The Biden administration dealt a blow to energy producers by arguing Wednesday that the Supreme Court should not intervene in ongoing legal assaults against energy companies across the country, but legal experts say that the recent filings will not meaningfully impede the Trump administration from taking a different course. [emphasis, links added]
Solicitor General Elizabeth Prelogar wrote in Wednesday’s filings that the Biden administration believes it is inappropriate for the Supreme Court to intervene in state or municipal lawsuits against energy producers seeking to make those companies fork over billions of dollars to compensate for their purported roles in causing climate change.
While the outgoing Biden administration sided with the Democrat jurisdictions bringing these suits, Prelogar’s filings will not get in the Trump administration’s way, legal experts told the Daily Caller News Foundation.
Specifically, one briefing urged the highest court to reject oil companies’ appeal against the Hawaii Supreme Court’s decision to allow the city of Honolulu to sue the corporations, while the other called on the Supreme Court to block a legal effort by 19 red states to prevent Democrat-controlled jurisdictions from going after energy producers in a similar fashion.
In its final days, the Biden administration expressed its preference to see these cases play out, but President-elect Donald Trump has vowed to block what he describes as a “wave of frivolous litigation from environmental extremists,” according to E&E News.
“I doubt the Biden filing will have any impact.

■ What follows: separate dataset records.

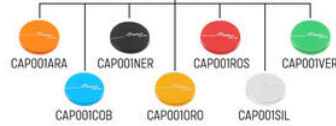

• KTM300VER

• KTM300ARA

• Nero
• Oro
• Rosso
• Argento
• Cobalto
• Verde
• Arancio

€ 53,07

• **Contrappesi Manubrio In Metallo / Alluminio Serie 200**

• KTM200ORO

• KTM200ROS

• KTM200SIL

• KTM200COB

• KTM200VER

• KTM200ARA

• Nero
• Oro
• Rosso
• Argento
• Cobalto
• Verde
• Arancio

€ 48,92

• KTM400 **Contrappesi Manubrio In Metallo / Alluminio Serie 400**

• Naturale

€ 37,70

I Tappi devono essere ordinati a parte. Caps must be ordered separately

• STK120 **Kit Catarifrangente Laterale (Omologato E)**

• Naturale

€ 9,76

• **Serbatoio Olio (16 Cm3)**

• OBT007NER
• OBT007ORO
• OBT007ROS
• OBT007SIL
• OBT007COB
• OBT007VER
• OBT007ARA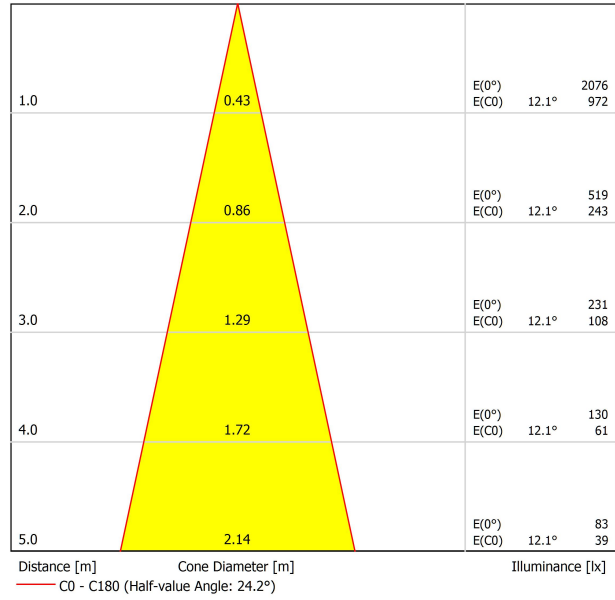

DIAGRAMME CONIQUE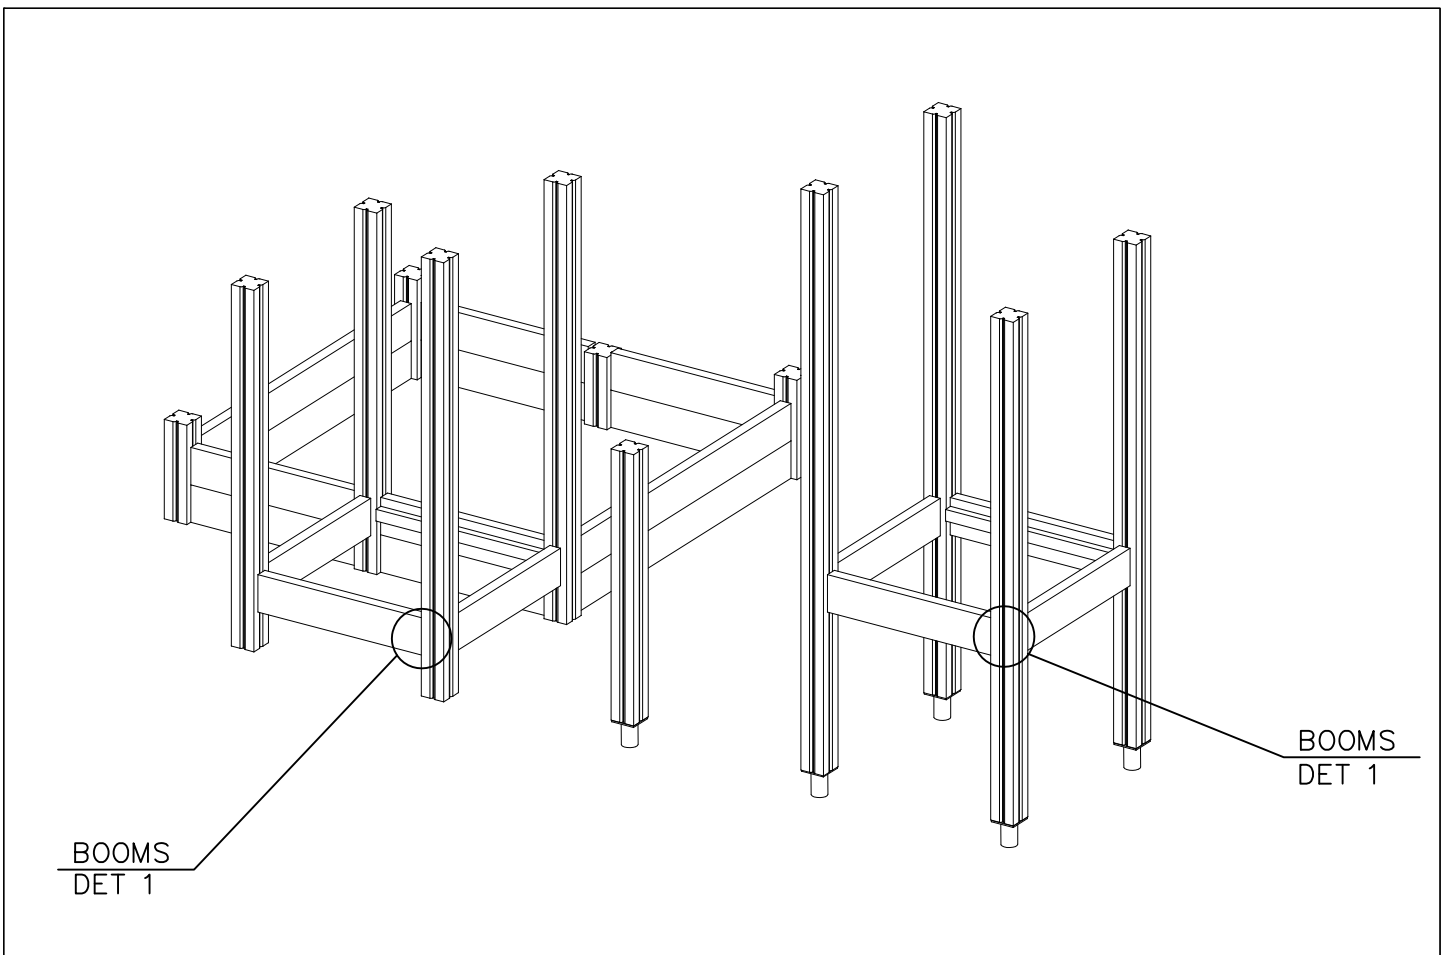

LAPPSET®

FINNO

ASENNUSOHJE
MONTERINGSANSVISNING
INSTALLATION INSTRUCTION
AUFBAUANLEITUNG
NOTICE D'INSTALLATION

REF: 122055M
DATE: 17.4.2015

122055M

— + EN/AS Impact Area 20.3 m² + + + + +
 - - - Falling Space 37.8 m²
 Grid size = 1000 mm

— EN/AS Impact Area 20.3 m²
- - - Falling Space 37.8 m²
Max Falling Height 1000 mm

1:50

(A)

(B)

(C)

(D)

1:50

(A)

The Trump administration will likely withdraw it and file its own brief,” Steve Milloy, a senior legal fellow for the Energy and Environmental Legal Institute, told the DCNF
“These lawsuits should be barred from federal court since climate is inherently a political question that should be settled by elected officials versus courts.”
Critics of the climate litigation trend like Milloy contend that Democrats are essentially using the lawsuits to force their political agenda onto energy companies in ways that cannot realistically be done via the legislature and that different rulings on cases brought in different states could result in a patchwork regulatory framework that undermines energy production and federalism.
To prevent that disjointed regulatory landscape, proponents of Supreme Court intervention believe that the court should step in and arrive at a ruling that settles the national question of whether energy companies can be held liable for climate change via the judiciary.
OH Skinner, an attorney and executive director of the Alliance for Consumers, noted that “it’s unsurprising to see the Biden Department of Justice line up on the side of trial lawyers at the Supreme Court” with these filings given that trial lawyers are a key source of “political money” for the Democratic Party.
Devin Watkins, an attorney for the Competitive Enterprise Institute, said he doubts that the recent filings will meaningfully impede the incoming Trump administration.
“If this is still before the court by the time the new administration gets in, then the new administration can just notify the court that they’ve had a change of position. But my guess is this case is not going to be before the court at that time. I suspect the Supreme Court is probably going to dismiss this case,” Watkins said, referencing the brief about the 19 red states looking to block Democrat-controlled jurisdictions from suing energy producers.
However, Watkins said he thinks it is highly likely that the Supreme Court will eventually get involved in climate cases currently playing out in lower courts across the U.S.